Top 10 Topics for MSCOM Ops…Monitoring and Reporting (oh yeah!)

This came in as the second most popular topic that you are interested in. Huh, imagine that. You actually have to report out to somebody on what the heck the environment that you manage is doing. So do we. Daily, weekly, monthly, quarterly, yearly. Oh yeah we feel the same pain that you do.

We took this topic and shot it to our Tools Team. Yep, we do have the luxury of having a team a crack developers most of whom used to actually be working, fully functional Systems Engineers. The real world experience that these folks have give them a unique perspective on how to create Operations specific tools that begin to address the thorny problem space around Monitoring and Reporting. Since these folks are charged with (among other things) automating the collection and reporting out of the monitoring that we do we thought they should get first crack at the answer. Here is their response:

As you might imagine, we collect a ton of data. To put it in real terms, on an average day we collect over 60,000 event log events, 185,000,000 performance counters, perform over 11,500,000 availability tests, parse 1.7 TB of IIS logs, collect asset and configuration information on 2200 servers and gather database statistics on over 2000 databases. While that’s an impressive amount of data, hopefully you’re asking one very important question; “What the heck do you do with all that stuff??” I’ll answer that two ways.
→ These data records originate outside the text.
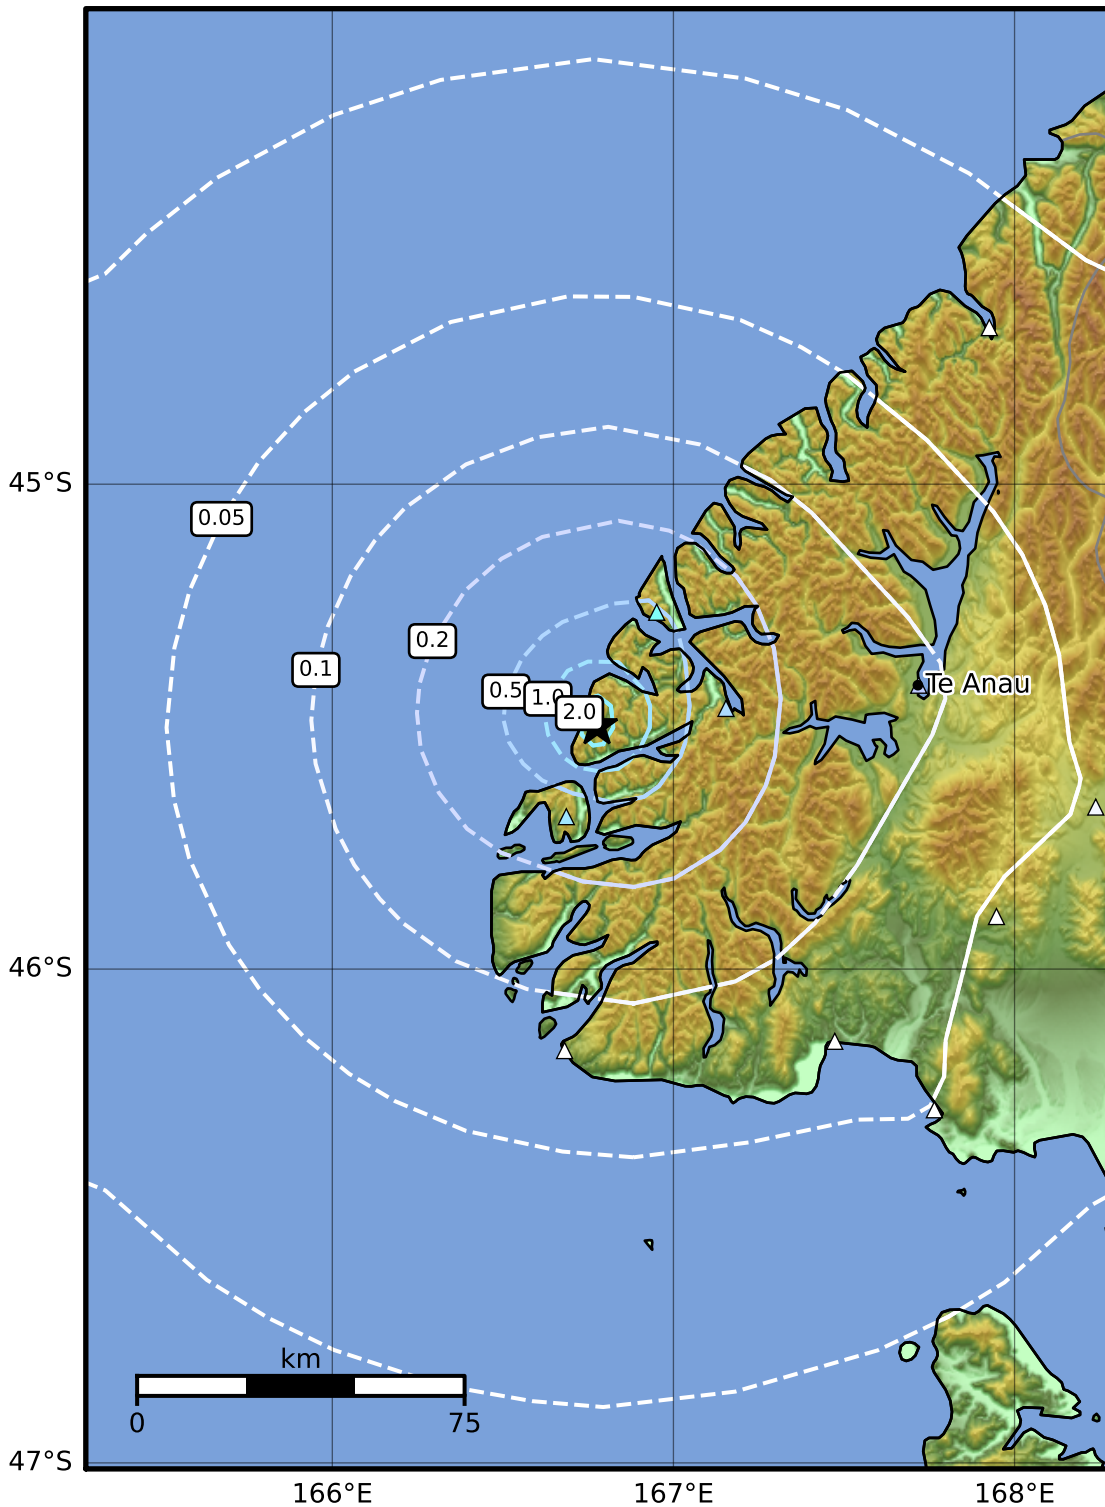

0.3 Second Peak Spectral Acceleration Map GNS Science

ShakeMap: Fiordland

Jul 07, 2022 16:57:09 UTC M3.9 S45.50 E166.78 Depth: 5.0km ID:2022p507314

SA(0.3) (%g)	0.1	0.2	0.5	1	2	5	10	20	50	100	200
---------------------	------------	------------	------------	----------	----------	----------	-----------	-----------	-----------	------------	------------

Scale based on Moratalla et al.(2021) and Worden et al.(2012) Version 10: Processed 2022-07-08T16:57:55Z

△ Seismic Instrument ○ Reported Intensity ★ Epicenter
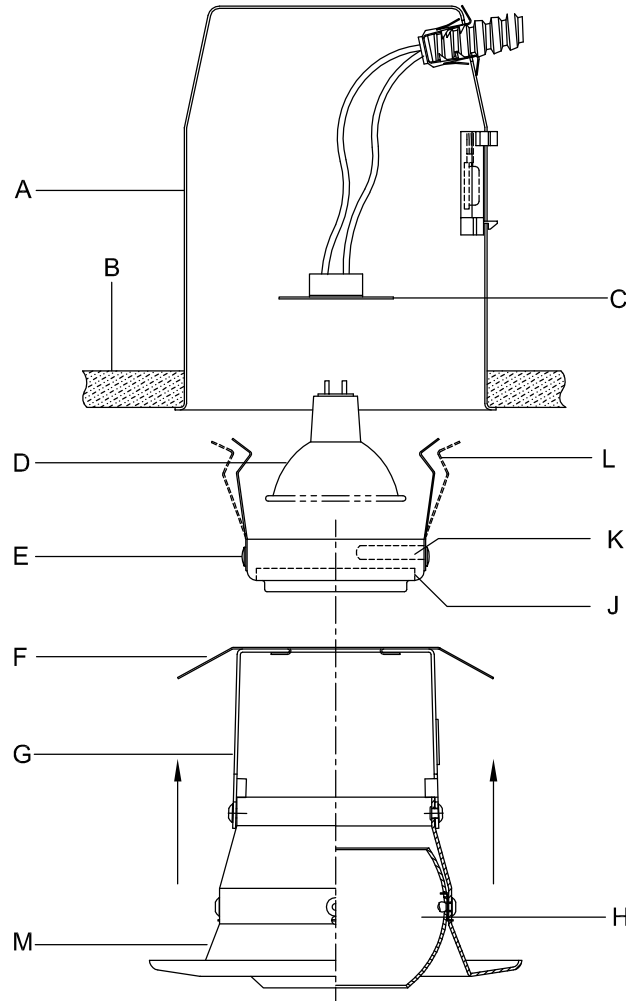

Assembly & Installation Instructions

CAUTION: Read instructions carefully and turn electricity off at main circuit breaker panel before beginning installation.

8057

WARNING - If any Special Control Devices are used with this Fixture, Follow the Instructions Carefully to assure full compliance with N.E.C. requirements. If there are any questions, contact a Qualified Electrical Contractor.

ASSEMBLY STEPS:

PASOS PARA ENSAMBLAR:

MODE D'ASSEMBLAGE:

B & D
(NOT FURNISHED)
(NO INCLUIDA)
(NON FOURNIE)

1. A → B
2. D → C
3. J → E
4. K → J
5. L → H
6. F → G
7. M → B

Instrucciones de ensamblaje e instalación
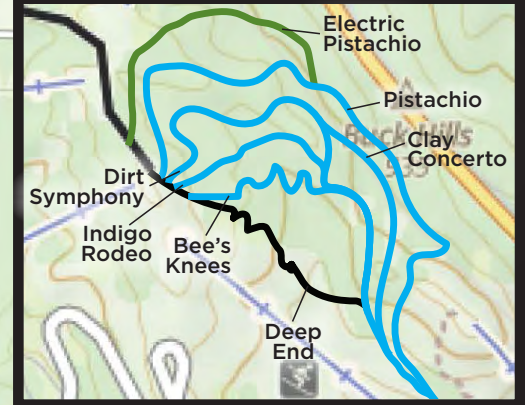

CRYSTAL MOUNTAIN

BIKE PARK DETAIL

- Beginner
- Intermediate
- ◆ Advanced

Biking, Hiking + Running

Smooth Cruise (5.2 mi)	
Aspen (5.35 mi)	
Multi-Use Trail (3.1 mi)	
Betsie River Pathway (7.9 mi)	
Screaming Eagle (1.82 mi)	

Bike Park (On Hill)

Deer Run	
Pistachio	
Electric Pistachio	
Dirt Symphony	
Indigo Rodeo	
Bee's Knees	
Deep End	

Hiking Only

Michigan Legacy Art Park Loop	
-------------------------------	--

2023 MOUNTAIN BIKING & HIKING TRAIL MAP
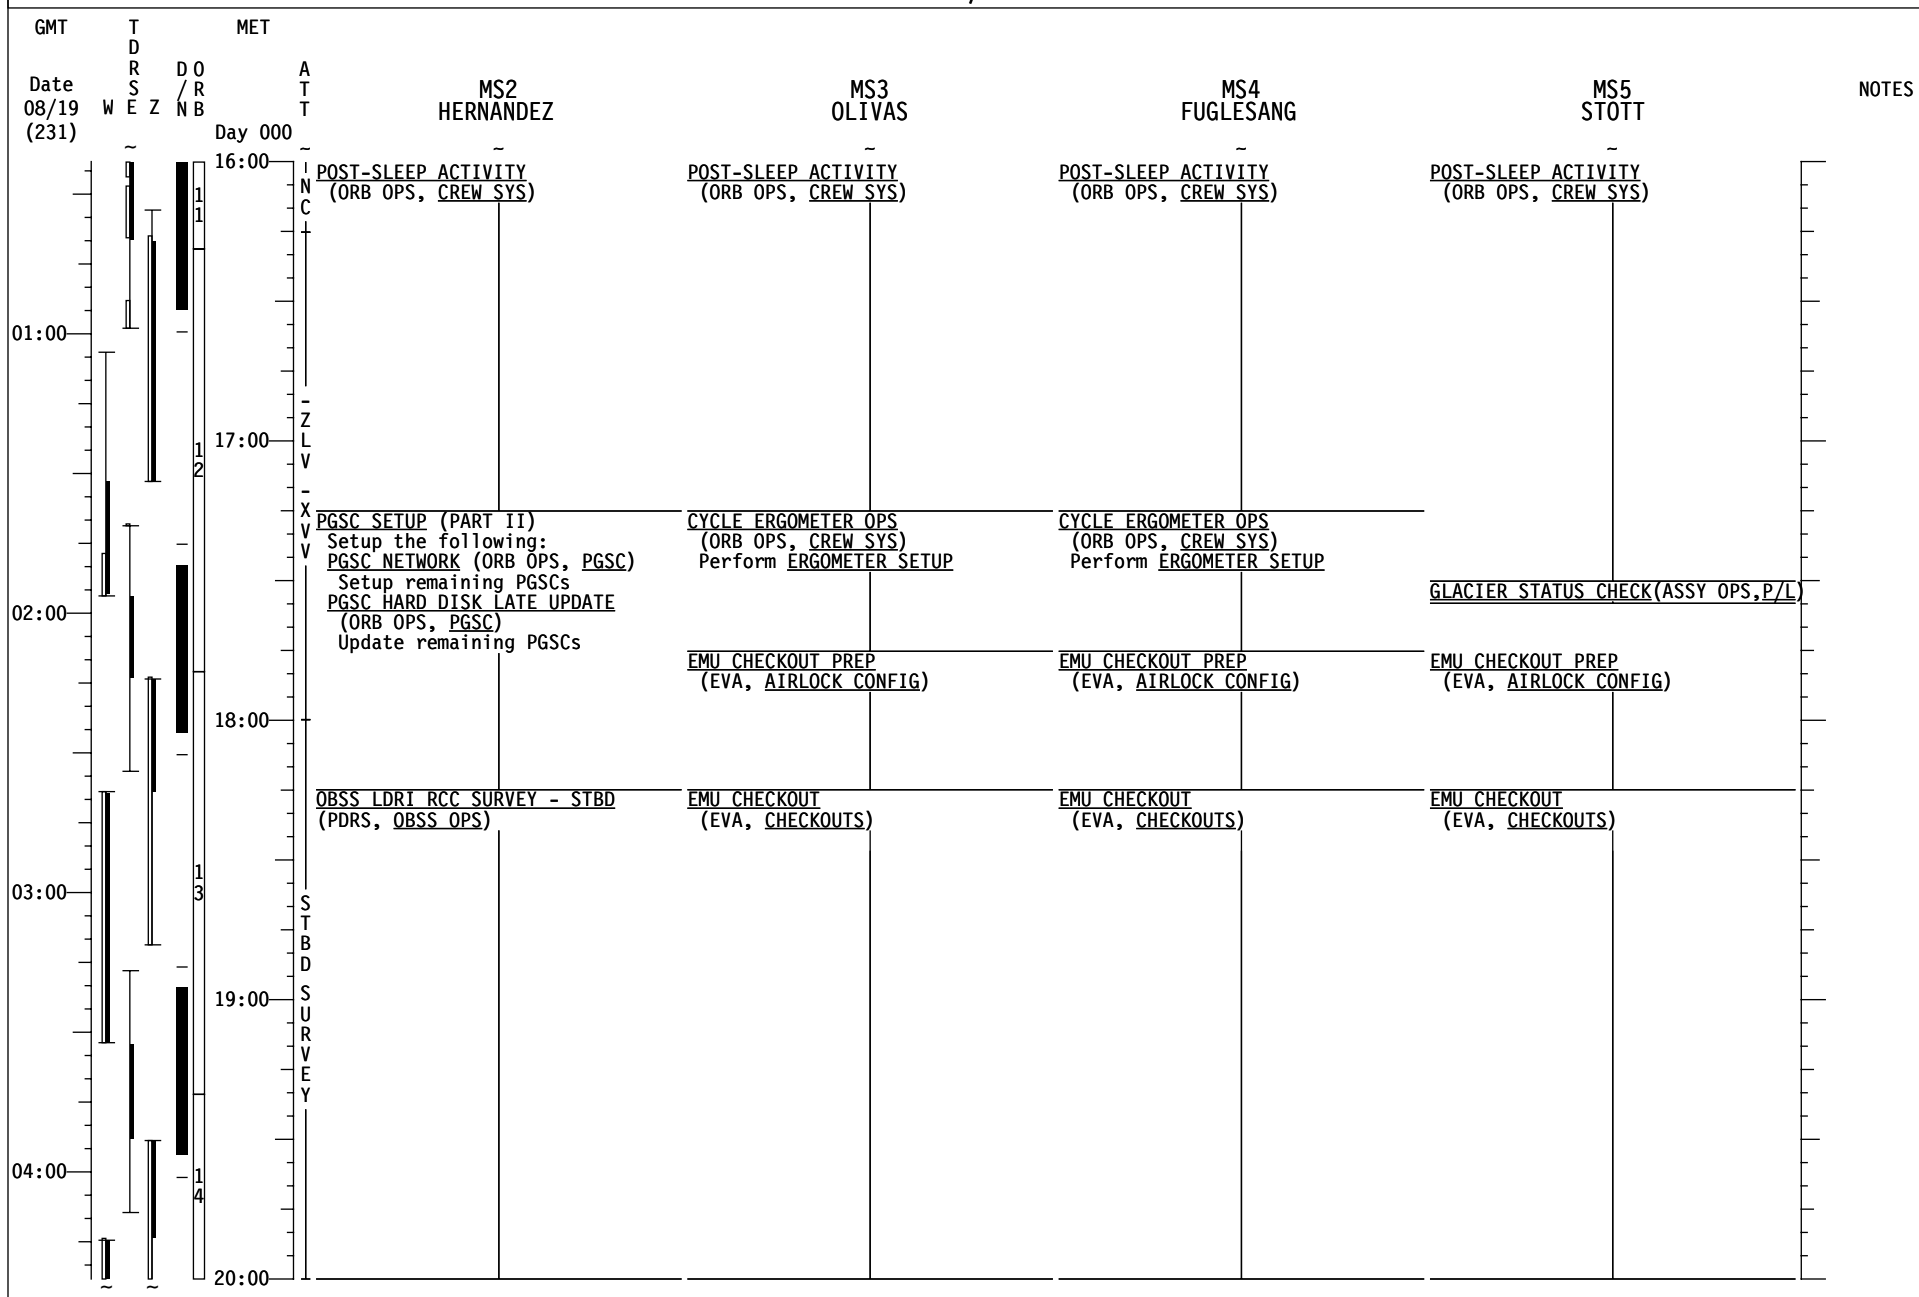

STS-128/17A FD02

On one hand, we do a lot with the data. In addition to using the constant stream of detail data as it comes in for real time monitoring, we aggregate the data from all of these data sources into a large data warehouse nightly. From this, we provide daily availability reports (both internal and external availability), asset management and performance trend reports and application event level reporting. By taking nightly snapshots of the relationships of servers to clusters to sites, etc, we can take this data and answer questions like “How many servers were associated with x application on y date and what were they, how were they performing, what events and errors were they experiencing and what was the overall availability?” Likewise, we can do this over time all the while maintaining the date specific contexts.

On the other hand, we don’t do nearly as much with the data as I’d like to. We have an incredible opportunity to not only learn from the data, but have the data itself actually “teach” us what is interesting about it. As you might have guessed, there’s much more to that last sentence. In the interest of the length of this post, I’ll reserve that as the subject for another time.

We encourage you to follow up with more in-depth questions.